Are we paying fair fares on matatus?

 By MUNGAI KIHANYA

The Sunday Nation

Nairobi,

20 March 2011

 

Would it be fair for matatus to raise their fares in response to the recent increase in the price of fuel? My answer to that is a big no! As explained here five years ago (June 2006), the contribution of fuel to the cost of operating a matatu is quite small.

Think about a 14-seater matatu that consumes about one litre of diesel every 5km and operates on an average urban route of 15km. This works to about 3L of fuel per trip.

Now since December 2010 when the Energy Regulatory Commission started controlling fuel prices, the cost of diesel in Nairobi has gone up from Sh87.45 to Sh94.53 – an increase of Sh7.08. But let’s not forget that the price was already above Sh90 when the ERC stepped in. In fact I suspect that if regulation had not been implemented, diesel would be selling at more than Sh100 to day…

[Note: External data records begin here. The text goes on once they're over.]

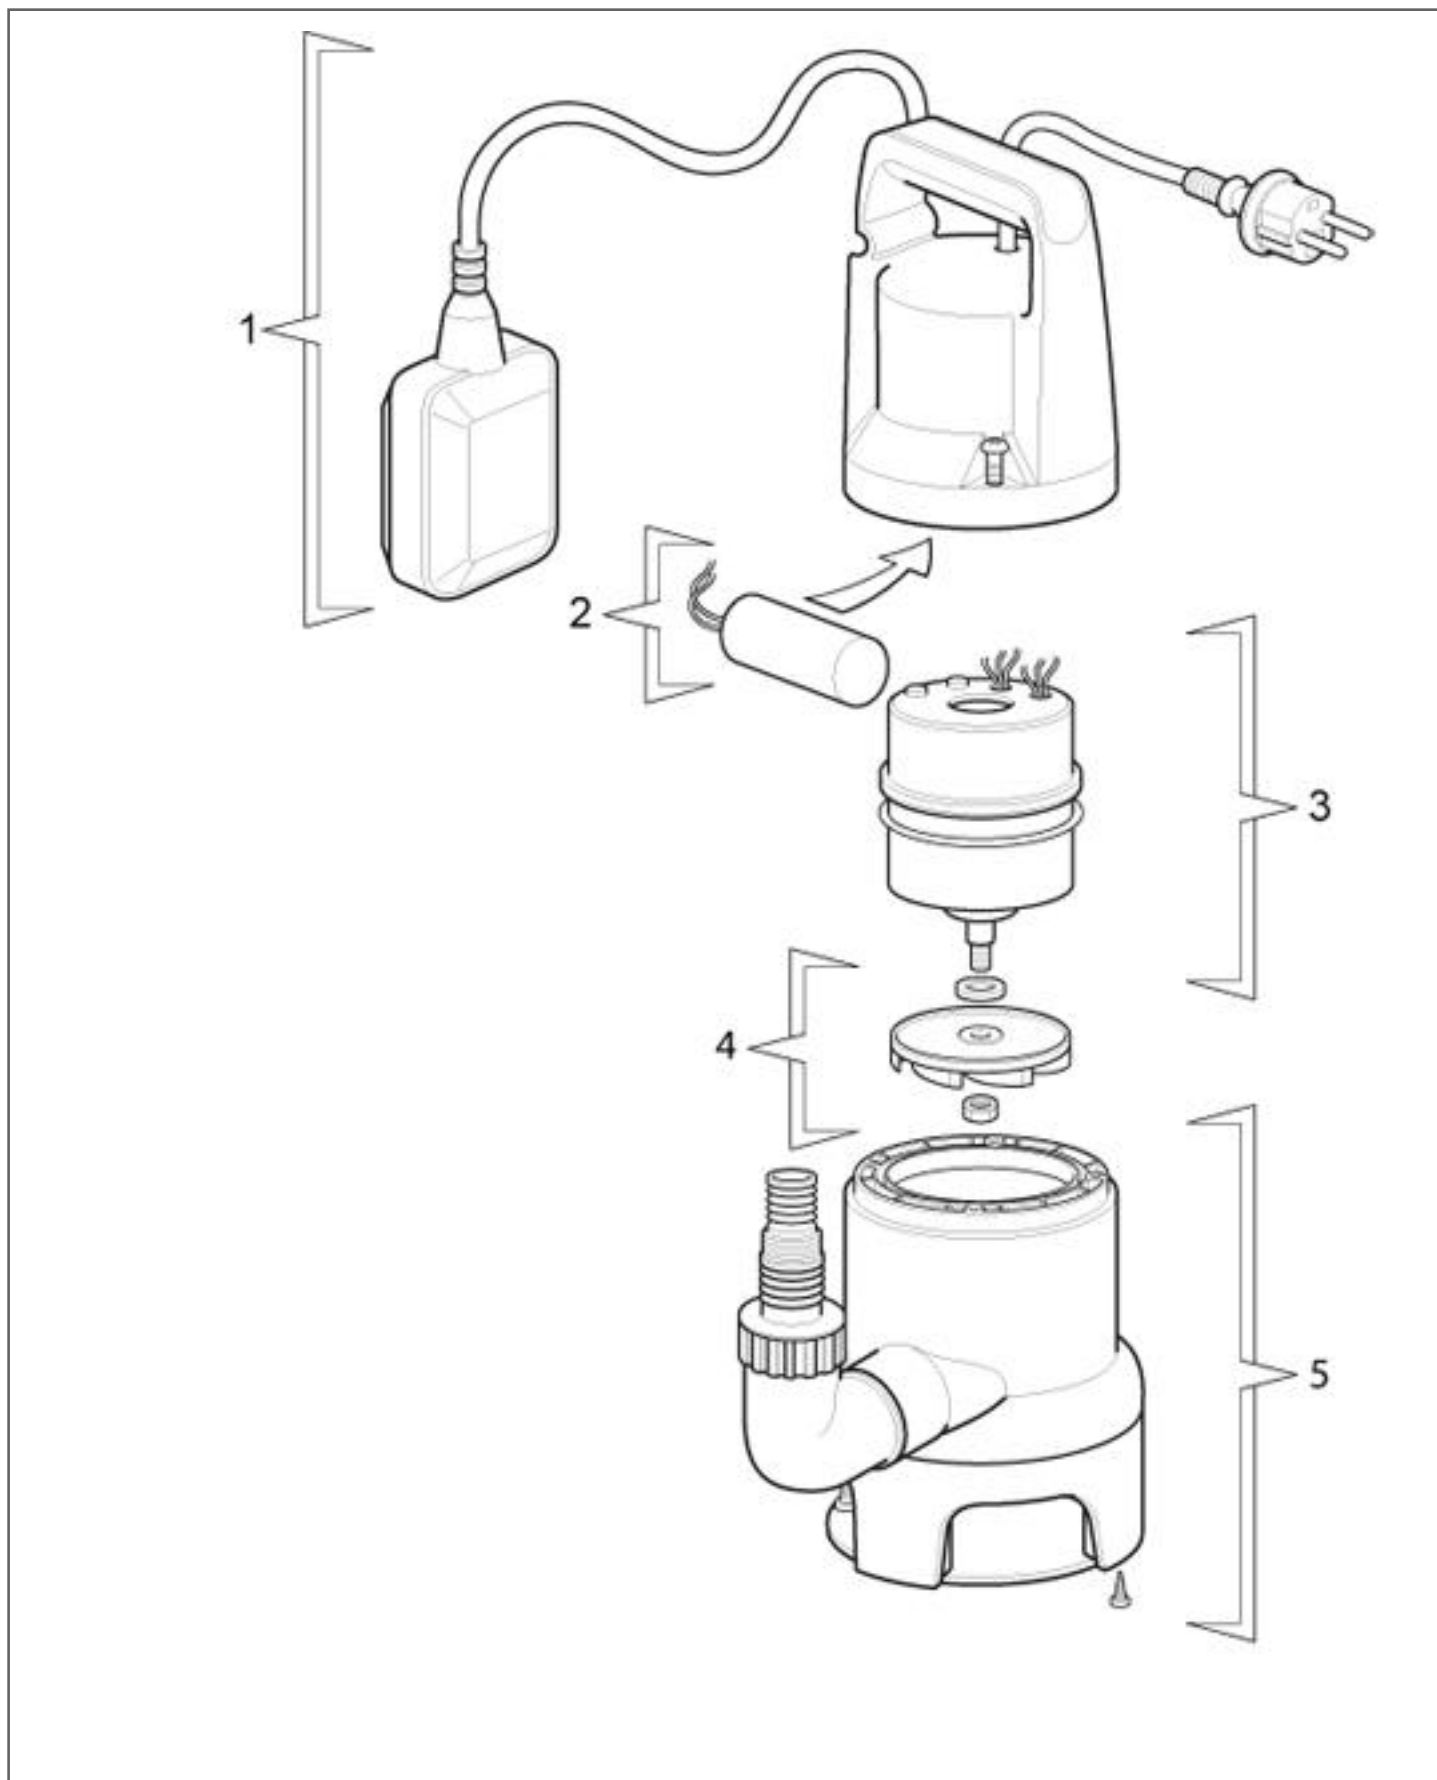

SCHEDA RICAMBIO: 101274600

Codice prodotto: 101274600 - Prodotto: SUB 400

SCHEDA RICAMBIO: 101274600

Codice prodotto: 101274600 - Prodotto: SUB 400

<i>Pos.</i>	<i>Codice</i>	<i>Qtà</i>	<i>Descrizione</i>	<i>Variante</i>
1	8010184	1	Kit maniglia arancione - Handle kit orange	
2	8001039	1	Condensatore - Capacitor	
3	8010188	1	Kit motore - Motor kit	
4	8010191	1	Kit girante - Impeller kit	
5	8010193	1	Kit corpo pompa - Pump body kit

Going back to the matatu; the fuel cost on the average urban route has gone up by Sh21.24 per trip (one-way) since December last year. If we share this out amongst the 14 passengers, it comes to about Sh1.50 each. This would be the fair increment on the fares.

Now, with these figures in mind, we may want to know the average fuel cost per passenger per kilometre. At the rate of 5km per litre, the vehicle is consumes about 200ml every kilometre. That works to about Sh19 worth of fuel every kilometre.

Dividing this amongst the 14 passengers gives Sh1.35 per person per kilometre. So, now it is easy to find out the fuel cost of your daily journey – simply multiply the distance (in kilometres) by Sh1.35.

The results might shock you; the cost will be very low compared to the fare you pay. This is because fuel is not the only expense in the running of a matatu. There are salaries, repairs, insurance, and so on. But these are quite small also, aren’t they?

Finance is also quite high but not all vehicles are bought with bank loans. My estimation is that the greatest cost is probably theft (by staff) followed closely by extortion (by corrupt police officers and organised criminal gangs).

Another significant cost that many operators are probably not aware of is depreciation. You buy a matatu for, say, one million shillings and, one year later, you will be lucky to get some one willing to pay you Sh500,000 for it: courtesy of reckless driving over potholes and pavements.

Thus you lose about Sh40,000 every month in the first year due to depreciation. In the second year, this loss will be less, but now the maintenance cost will shoot upwards since the many broken parts will need replacement.

Depreciation is only noticed if the vehicle is actually sold. Perhaps this explains why many operators are hanging onto old dilapidated jalopies that are very expensive to keep on the road.

All things considered then, it appears that the fares we are paying are too low to sustain the operating costs and give a decent return to the operators. But the culprit is not the price of fuel: it is the other hidden costs.